Giselbert apparently died around 1045, because in 1044 a charter of St. Barthélémy of Liége mentions a count Giselbert, probably (but not certainly) him, and in May 1046 the next generation of counts, the brothers Emmo and Otto, appear as counts of Loon.

As pointed out for example by Verhelst (1984), it is not certain that Giselbert of Loon was the father of the next counts of Loon, Emmo and Otto. There is no medieval source which confirms that relationship.

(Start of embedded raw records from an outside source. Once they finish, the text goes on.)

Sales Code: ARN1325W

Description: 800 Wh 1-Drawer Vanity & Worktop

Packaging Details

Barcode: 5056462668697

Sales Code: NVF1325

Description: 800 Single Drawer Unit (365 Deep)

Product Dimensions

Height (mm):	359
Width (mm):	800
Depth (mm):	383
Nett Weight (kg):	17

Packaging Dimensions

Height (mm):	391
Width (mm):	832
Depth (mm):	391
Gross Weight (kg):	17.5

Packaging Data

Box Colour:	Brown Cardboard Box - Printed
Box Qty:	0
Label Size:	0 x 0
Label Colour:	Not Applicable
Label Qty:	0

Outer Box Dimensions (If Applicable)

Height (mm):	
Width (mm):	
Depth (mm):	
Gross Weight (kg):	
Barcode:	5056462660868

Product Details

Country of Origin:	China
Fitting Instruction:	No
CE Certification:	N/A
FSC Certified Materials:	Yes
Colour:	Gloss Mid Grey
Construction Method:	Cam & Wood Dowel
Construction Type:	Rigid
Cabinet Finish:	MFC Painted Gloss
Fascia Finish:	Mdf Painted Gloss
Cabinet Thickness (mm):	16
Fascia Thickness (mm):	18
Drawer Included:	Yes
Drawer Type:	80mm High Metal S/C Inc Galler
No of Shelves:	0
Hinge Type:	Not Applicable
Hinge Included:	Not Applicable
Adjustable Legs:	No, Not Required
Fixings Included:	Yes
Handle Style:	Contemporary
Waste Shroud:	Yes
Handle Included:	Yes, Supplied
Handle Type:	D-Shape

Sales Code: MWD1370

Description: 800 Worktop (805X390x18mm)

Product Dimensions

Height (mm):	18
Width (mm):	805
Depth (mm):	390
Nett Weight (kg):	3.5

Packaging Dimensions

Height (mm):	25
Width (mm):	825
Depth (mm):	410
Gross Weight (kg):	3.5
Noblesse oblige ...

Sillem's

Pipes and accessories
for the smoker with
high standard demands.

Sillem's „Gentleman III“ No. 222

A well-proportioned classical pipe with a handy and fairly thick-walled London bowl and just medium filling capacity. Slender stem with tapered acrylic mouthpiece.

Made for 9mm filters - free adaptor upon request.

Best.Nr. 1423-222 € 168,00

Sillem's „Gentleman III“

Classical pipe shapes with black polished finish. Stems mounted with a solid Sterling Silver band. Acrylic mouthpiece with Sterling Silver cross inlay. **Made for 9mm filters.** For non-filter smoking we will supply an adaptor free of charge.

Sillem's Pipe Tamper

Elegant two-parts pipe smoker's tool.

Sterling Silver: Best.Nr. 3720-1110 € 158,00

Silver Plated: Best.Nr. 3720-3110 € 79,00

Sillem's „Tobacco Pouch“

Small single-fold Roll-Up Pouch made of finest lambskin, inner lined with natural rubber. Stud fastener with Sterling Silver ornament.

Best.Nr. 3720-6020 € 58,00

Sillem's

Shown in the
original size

Giselbert's county was based in Borgloon, originally simply called Loon. The castle, probably built (or rebuilt) by his grandson, was a motte-and-bailey, with a hall and a chapel in the front court. The area nearby forms the core of the modern town. The castle itself was destroyed some generations later and the hill on which it stood was excavated in the 19th century.

Giselbert was the first known advocate (voogd, advocatus) of Saint-James Abbey in Liege, founded by his brother Balderic.

==Succession==

Giselbert was succeeded as Count of Loon by two brothers, who may have been sons, or in any case close relatives:
- Count Emmo (d. before 1078), possibly Giselbert's son. Ancestor of the counts of Loon.
- Count Otto, also described in contemporary records as a count "of Loon"; may have shared his brother's rule in some way. Ancestor of the counts of Duras.

No wife is named for Giselbert in medieval records. A noblewoman named Erlende is sometimes mentioned in genealogies, including the Europaische Stammtafeln. As explained by Baerten (1965 part I) this is no longer accepted. The Vita Arnulfi describes Lutgarde of Namur as mother of both Emmo Count of Loon, who was father of Count Arnulf of Loon and his sister Sophia, and also Otto, who was father of Count Gislebert of Duras. This Lutgarde is described as a sister of Count Albert of Namur. Her husband is not named there. But the Gesta of St Truiden appears to say that the same Lutgarde was the mother of Bishop Balderic II, the brother of Emmo's supposed father Gilbert. In short, these sources are in conflict with each other, and at least one of them seems to be misinterpreting the facts.